We headed past a stall selling Christmas ornaments made out of beer cans.

“You don’t think she did it?” Grayson asked after a moment.

“If it goes to trial, I could make a good case that it was someone else.”

“Who?”

“Not sure yet. Small towns aren’t like the city. People hold grudges. The motive could be as simple as someone said something mean to someone in high school, and they finally got revenge.”

“Then you’re suspect number one.”

“Fuck off.” I elbowed my friend.

There was a skit underway at the stage in the center of the market. The children were acting out the gruesome cupcake murder. One little boy took a large bite out of a cupcake then convulsed dramatically. Then the grim reaper solemnly came out and took him away. The kids linked hands and bowed to applause.

“What kind of wholesome small-town event is this?” Grayson hissed in my ear.

The grandmaster of the Christmas market blared into a megaphone, “Stay tuned for part two of theCupcake Murdersnext week, folks. And now on to the raffle.”

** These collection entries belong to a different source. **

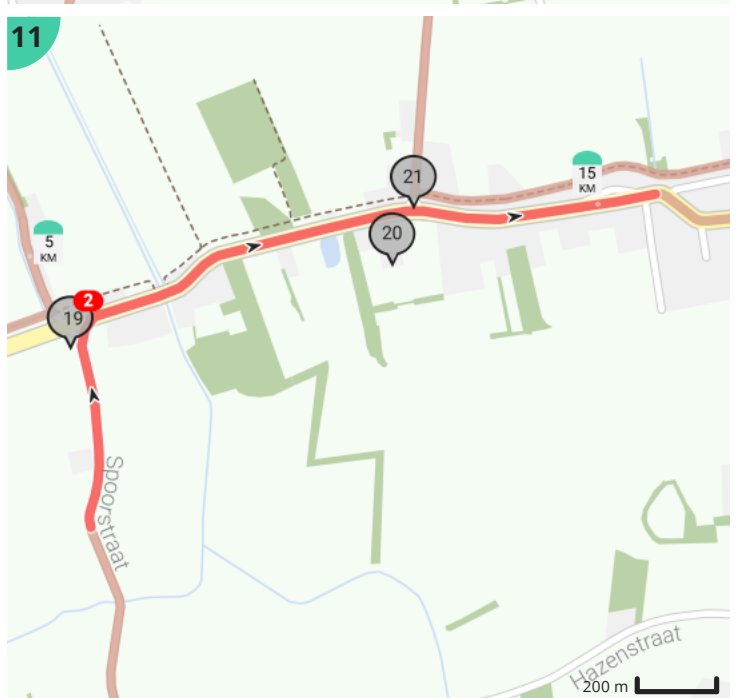

# Boekhoute bassevelde grote lus

Door Anne Haillez

Bekijk op mobiel

- Lengte: 15.85 km
- Stijging: 24 m
- Moeilijkheidsgraad: 3/10
- Boekhoutedorp, 9961 Boekhoute, België
- Boekhoutedorp, 9961 Boekhoute, België

## Legende

- Route
- Bezienswaardigheid
- Steilheid van beklimming
- Steilheid van afdaling

Totaal	Type	Kaart- nummer	Informatie	Volgende
0.0 km		1	Boekhoutedorp, N458	31 m
0.0 km		1	Boekhoute	
0.01 km		1	Heilig Kruiskerk	
0.02 km		1	Casabelle	
0.03 km		1	Sla links af op <b>Botermanstraatje (Assenede)</b>	177 m
0.03 km		1	Bezoekerscentrum 'Boekhoute. vissersdorp zonder haven'	
0.03 km		1	Visserijmuseum	
0.21 km		1	Sla scherp rechts af op <b>Graafjanstraat (Assenede)</b>	0 m
0.21 km		1	Sla scherp rechts af op <b>Graafjanstraat (Assenede)</b>	31 m
0.24 km		1		480 m
0.72 km		1		175 m
0.9 km		1		432 m
1.33 km		2	Sla scherp rechts af op <b>Notelaarstraat (Assenede)</b>	1 m
1.33 km		2	ga rechtdoor op <b>Notelaarstraat (Assenede)</b>	1.04 km
2.37 km		3	Draai om en ga verder op <b>Notelaarstraat (Assenede)</b>	5 m
2.37 km		3	Notelaarsbrug	
2.37 km		3	Sla rechts af op <b>Kruisstraat (Assenede)</b>	1.37 km
3.55 km		4	Leopoldkanaal	
3.75 km		4	Links afbuigen op <b>Noorddijk (Assenede)</b>	3 m
3.75 km		4	Links afbuigen op <b>Noorddijk (Assenede)</b>	677 m
3.91 km		4	Isabellawatering	
4.43 km		4	ga rechtdoor op <b>Noorddijk (Assenede)</b>	681 m
5.11 km		5		747 m
5.86 km		5		4 m
5.86 km		5		373 m
6.24 km		6	Rechts afbuigen op <b>Schare (Assenede)</b>	191 m
6.38 km		6	Isabellapolderoute	
6.43 km		6	Draai om en ga verder op <b>Schare (Assenede)</b>	3 m
6.43 km		6	Dijkhuis	
6.43 km		6	Dijkhuis

Grayson handed me a scrap of paper and shifted the dog leashes to his other hand. “I bought you a raffle ticket.”

“Only tourists buy raffle tickets.”

“Don’t those people live here?” Grayson nodded. Oakley and Beatrice were close to the front of the crowd, giving flowers to the kids who had just finished the play, many of them little blond doppelgangers of their older, more obnoxious Svensson siblings.

“Don’t let them see us,” I hissed as the brothers collected the kids.

“Too late.”

Garret, a blond man, locked in on us. He sneered, “Why aren’t you at work? Don’t you have a contract you’re supposed to be finishing for us?”

One of his little brothers flung himself down to the ground and bit Garrett’s shoe. “I didn’t get a cupcake!”

“I just have to thank you and your brothers for putting this together, Garrett,” Oakley said, sobbing, wearing a big black hat.

Beatrice handed her a handkerchief.

“It is so comforting in my time of need to see people care about Brooks’s murder.”